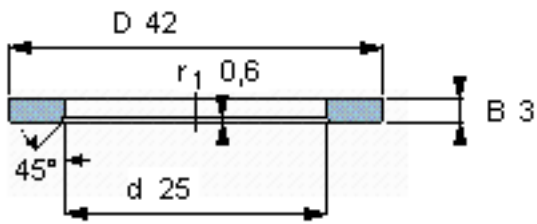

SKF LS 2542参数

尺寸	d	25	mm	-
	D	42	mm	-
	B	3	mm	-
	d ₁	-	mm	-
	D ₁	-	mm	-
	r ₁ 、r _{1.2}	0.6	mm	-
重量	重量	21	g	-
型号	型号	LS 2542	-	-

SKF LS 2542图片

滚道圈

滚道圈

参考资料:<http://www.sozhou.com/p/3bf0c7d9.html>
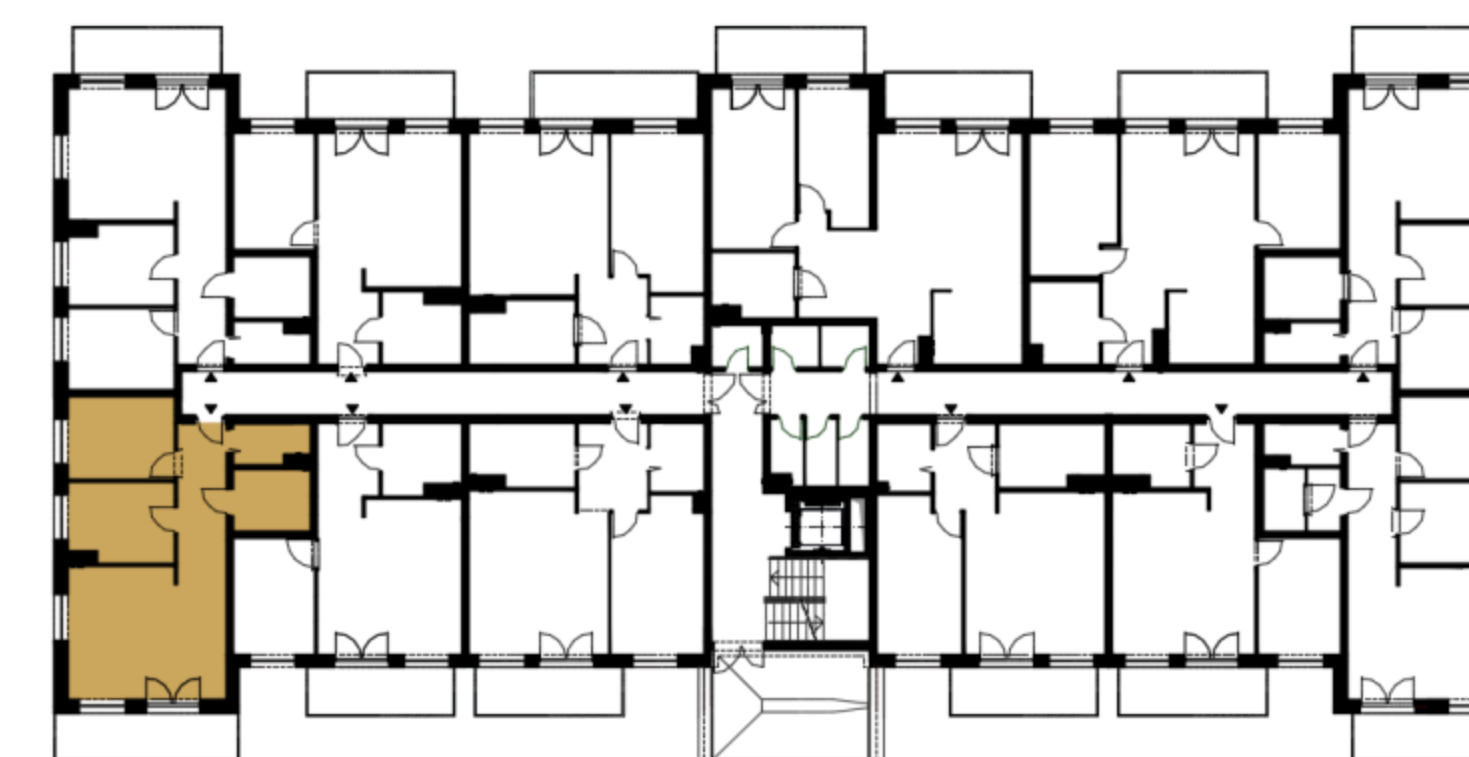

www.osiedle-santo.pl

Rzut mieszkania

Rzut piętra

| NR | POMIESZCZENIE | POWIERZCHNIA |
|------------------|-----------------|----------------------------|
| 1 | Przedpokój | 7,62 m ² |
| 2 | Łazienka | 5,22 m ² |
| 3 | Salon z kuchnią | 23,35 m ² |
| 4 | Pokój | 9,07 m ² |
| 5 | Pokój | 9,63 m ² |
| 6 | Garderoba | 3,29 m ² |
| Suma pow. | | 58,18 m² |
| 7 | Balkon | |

# What to produce
Exclude all images, then retype the records above without alteration.

# Response
SKF LS 2542参数

尺寸	d	25	mm	-
	D	42	mm	-
	B	3	mm	-
	d ₁	-	mm	-
	D ₁	-	mm	-
	r ₁ 、r _{1.2}	0.6	mm	-
重量	重量	21	g	-
型号	型号	LS 2542	-	-

SKF LS 2542图片

滚道圈

滚道圈

参考资料:<http://www.sozhou.com/p/3bf0c7d9.html>

www.osiedle-santo.pl

Rzut mieszkania

Rzut piętra

| NR | POMIESZCZENIE | POWIERZCHNIA |
|------------------|-----------------|----------------------------|
| 1 | Przedpokój | 7,62 m ² |
| 2 | Łazienka | 5,22 m ² |
| 3 | Salon z kuchnią | 23,35 m ² |
| 4 | Pokój | 9,07 m ² |
| 5 | Pokój | 9,63 m ² |
| 6 | Garderoba | 3,29 m ² |
| Suma pow. | | 58,18 m² |
| 7 | Balkon | |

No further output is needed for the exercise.